- Work to be completed -
Starting with the line with "Outside City / Out of Town Show" in the entries below and going on through the line with "- 822620 Concrete-kit", output every line exactly and nothing more. No pictures.

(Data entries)

============================================================

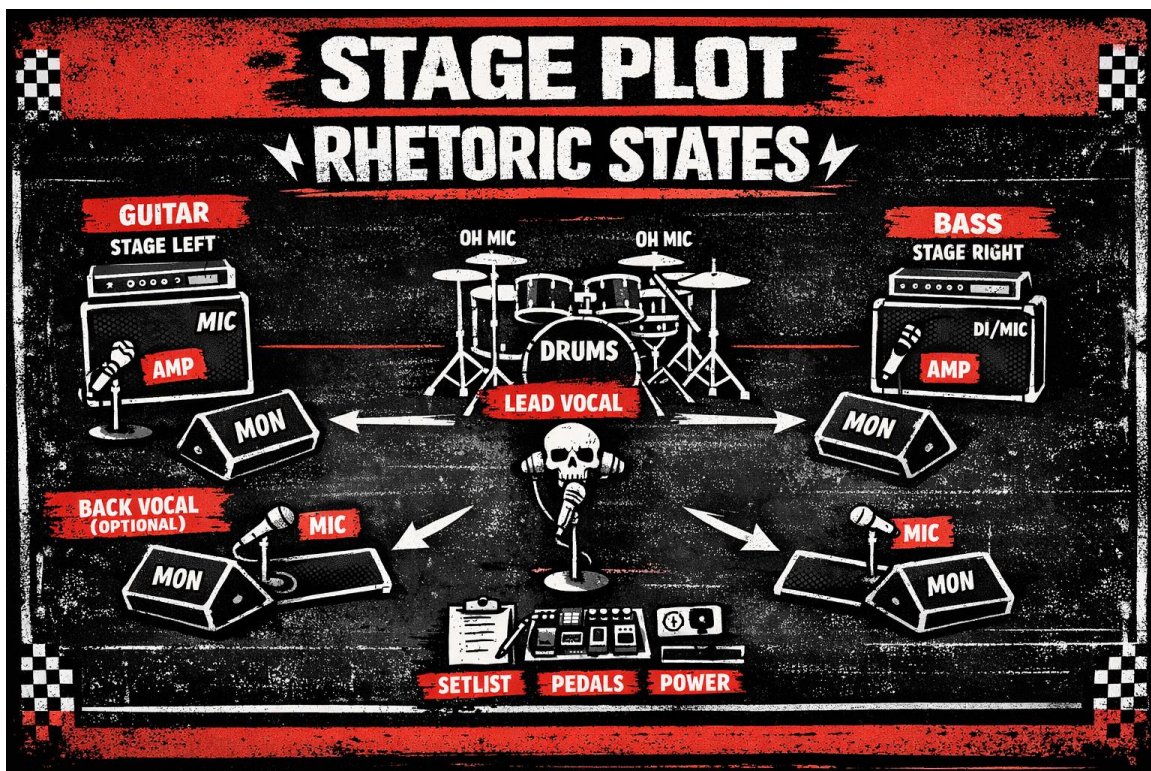

PERFORMANCE FEE

Inside City / Local Show

Rp 1.500.000,-

Outside City / Out of Town Show

Rp 3.000.000,-

Notes:

Outside city performance fee does not include:

- Consumption
- Transportation / Accommodation
- Hotel / Lodging

These requirements must be provided by the event organizer.

FINAL NOTE

IF EVERYTHING IS RIGHT — THE STAGE WILL BREAK.

CONTACT

Manager : DHEA

Phone : 0812-130-222-66

Email : idhearts18@gmail.com
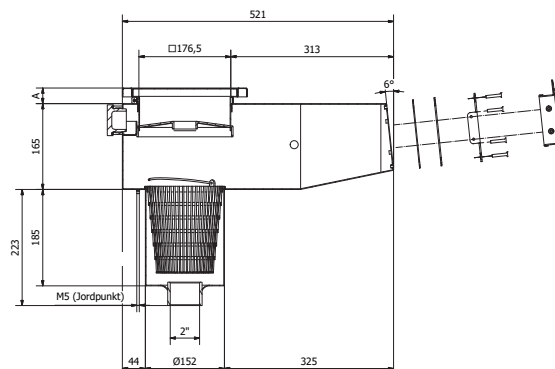

### Features

- Acid proof stainless steel
- Vertically adjustable collar 30-70 mm
- Polished front
- Opening: 385 x 92 mm
- Flap weir made of stainless steel
- Filtration outlet internal thread 2"
- Overflow outlet internal thread 1 1/2"
- Water refill inlet internal thread 1/2"
- Connection for water level control Ø 13 mm
- Large, high-capacity strainer basket
- Suitable for fiberglass/PP pool with 6 degree angle walls

#### Item no.

- 822620 Concrete-kit skimmer WIDE waterproofing with membrane
- 112504 Bracket for level control skimmer/wide

Item no. 112970

Item no. 112960

### Dimensions

A 30-70 mm
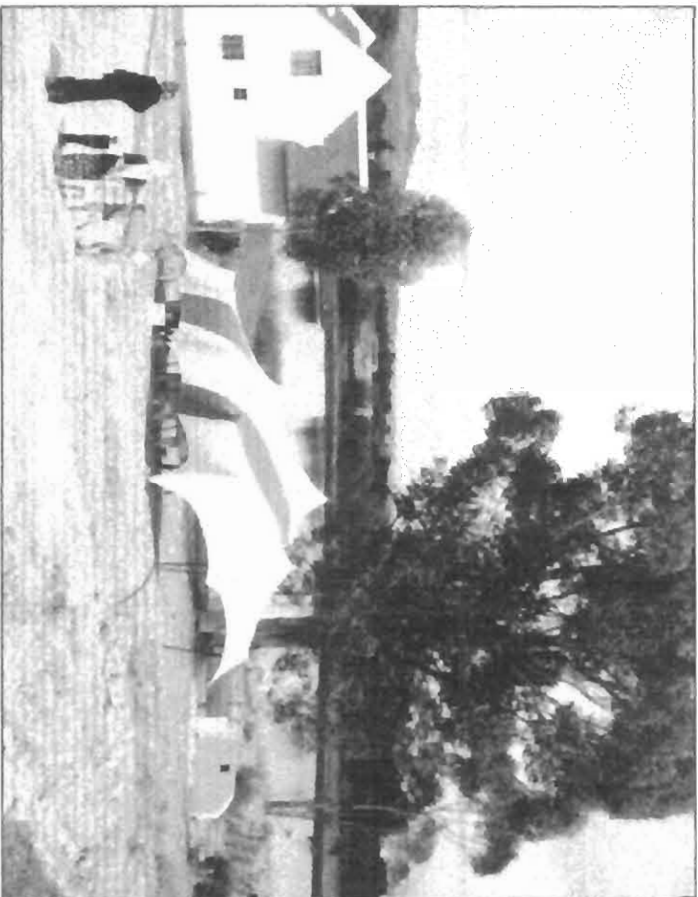

General View of the Onverwacht site in Wellington

============================================================

- Exercise response -
Outside City / Out of Town Show

Rp 3.000.000,-

Notes:

Outside city performance fee does not include:

- Consumption
- Transportation / Accommodation
- Hotel / Lodging

These requirements must be provided by the event organizer.

FINAL NOTE

IF EVERYTHING IS RIGHT — THE STAGE WILL BREAK.

CONTACT

Manager : DHEA

Phone : 0812-130-222-66

Email : idhearts18@gmail.com

### Features

- Acid proof stainless steel
- Vertically adjustable collar 30-70 mm
- Polished front
- Opening: 385 x 92 mm
- Flap weir made of stainless steel
- Filtration outlet internal thread 2"
- Overflow outlet internal thread 1 1/2"
- Water refill inlet internal thread 1/2"
- Connection for water level control Ø 13 mm
- Large, high-capacity strainer basket
- Suitable for fiberglass/PP pool with 6 degree angle walls

#### Item no.

- 822620 Concrete-kit skimmer WIDE waterproofing with membrane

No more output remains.